WHAT IS EXPECTED:
Look through the data that follows and work out how many lines contain the string "GASKET". Nothing but that number should be given.

DATA RECORDS:
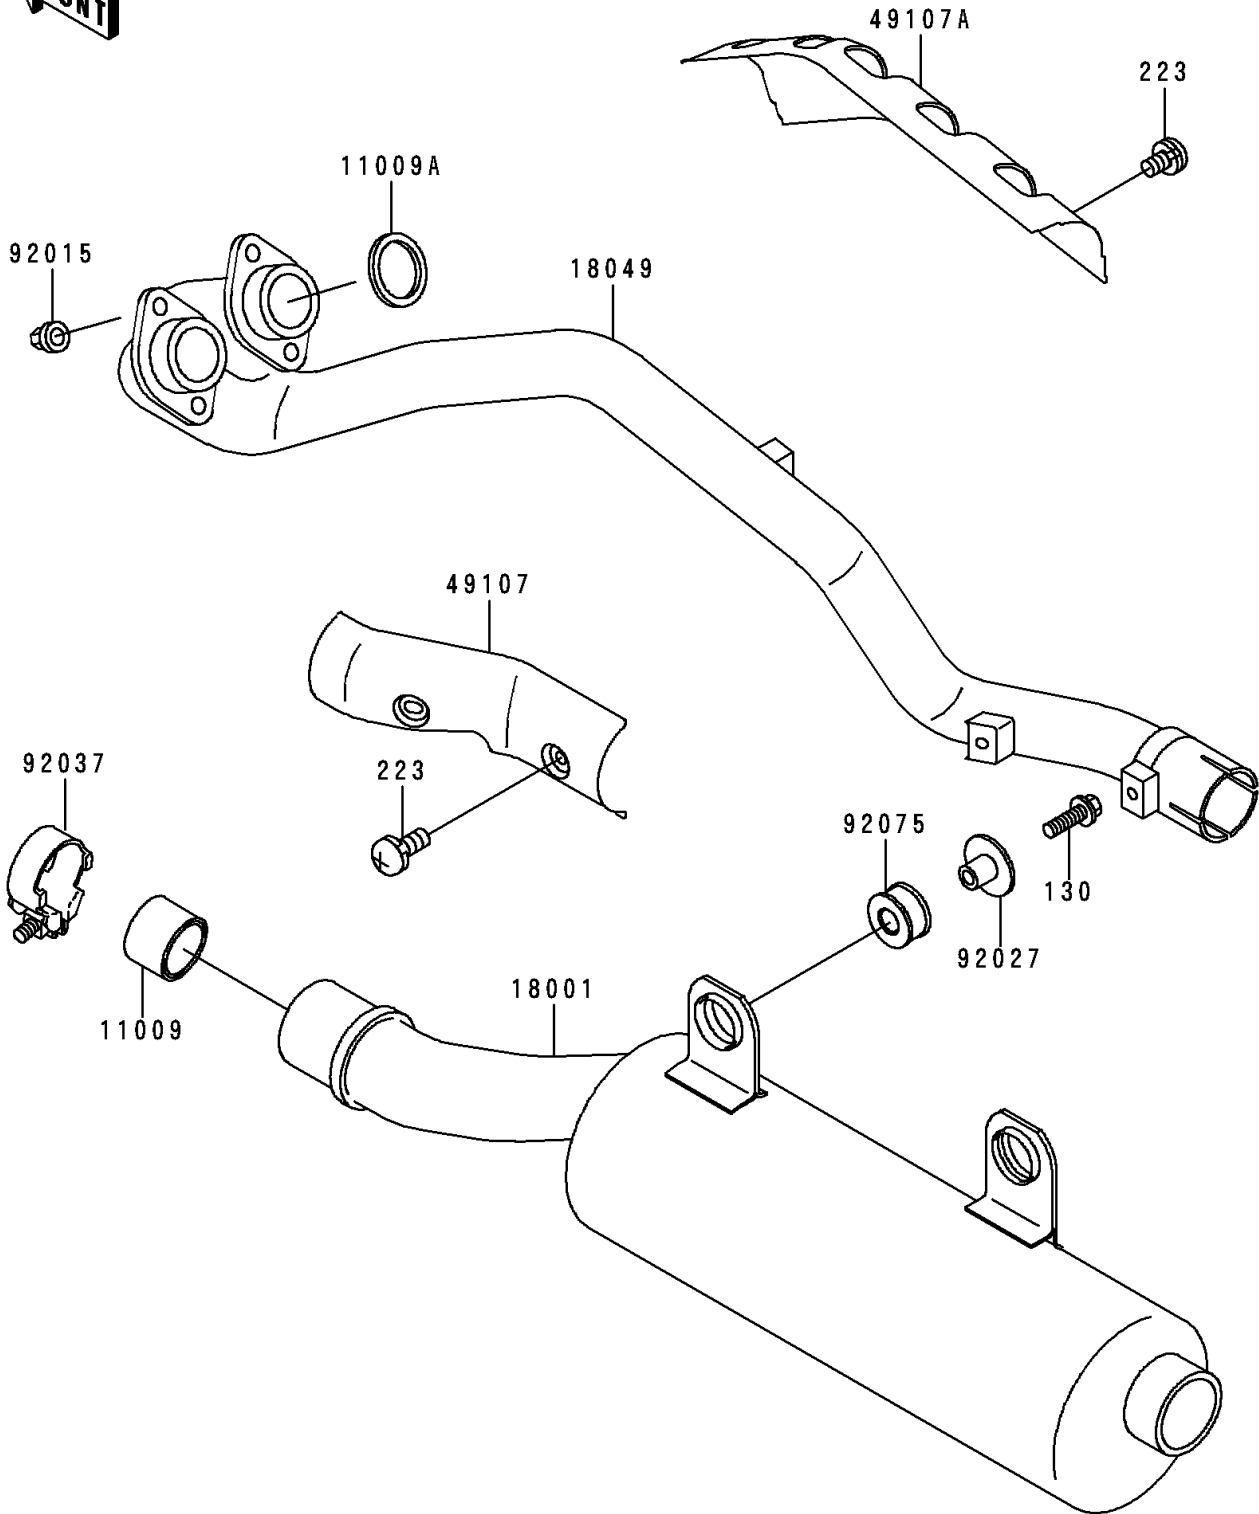

1999 Bayou 400 4X4 PARTS DIAGRAM

Muffler(s)

E1140

1999 Bayou 400 4X4 PARTS LIST

Muffler(s)

ITEM NAME	PART NUMBER	QUANTITY
BOLT-FLANGED,8X30 (Ref # 130)	130J0830	2
SCREW-PAN-WS-CROS (Ref # 223)	223C0610	4
GASKET,EXHAUST PIPE CONNECTING (Ref # 11009)	11009-1667	1
GASKET,EXHAUST PIPE HOLDER (Ref # 11009A)	11009-1866	2
MUFFLER (Ref # 18001)	18001-1895	1
PIPE-EXHAUST (Ref # 18049)	18049-1580	1
COVER-EXHAUST PIPE,RR (Ref # 49107)	49107-1087	1
COVER-EXHAUST PIPE,FR (Ref # 49107A)	49107-1088	1
NUT,8MM (Ref # 92015)	92015-1402	4
COLLAR,MUFFLER (Ref # 92027)	92027-1981	2
CLAMP,42MM (Ref # 92037)	92037-1349	1
DAMPER,MUFFLER (Ref # 92075)	92075-1809	2
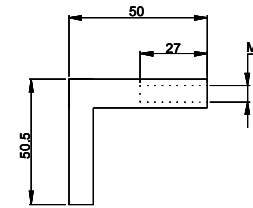

Copyright 2017 -

RoHS Compliant

DS Fixing Bolt 2PCS

Screw M5×30 2PCS

Screw M5×45 2PCS

<p>Desk-Top Series</p>	<p>OUTPUT</p> <p>(5) BS 1363 receptacles (13A Rated) (2) RJ45 keystone Female-Female</p>	<p>OPERATING TEMPERATURE</p> <p>0° to 60°C</p>
<p>INPUT</p> <p>250VAC 16A 50HZ EPS7104 Socket</p>	<p>BRANCH CIRCUITS</p> <p>(NONE)</p>	<p>MOUNTING ACCESORIES</p> <p>(2)DS Fixing Bolt (2)Screw M5×30 (2)Screw M5×45</p>

Revisions		
Rev	Description	Date

<p>DRAWING TYPE</p> <p>(NO PERMISSION,NO CHANGING)</p>		<p>DSBN42052RJ45EP</p>	
<p>unit=mm</p>		<p>Housing</p>	<p>Aluminar (Grey)</p>
<p>TECHNICAL STANDARD 1.IT11; 2.NO RUSTNESS 3.NO FLAW ON THE SURFACE</p>			<p>Endcover PA6GF (Black)</p>
<p>FILLET R0.5</p>	<p>ANGLE ±0.5°</p>	<p>DATE 18-05-2017</p>	
<p>FIRST ANGLE</p>		<p>SCALE 1:3</p>

ANSWER FOR THIS EXERCISE:
2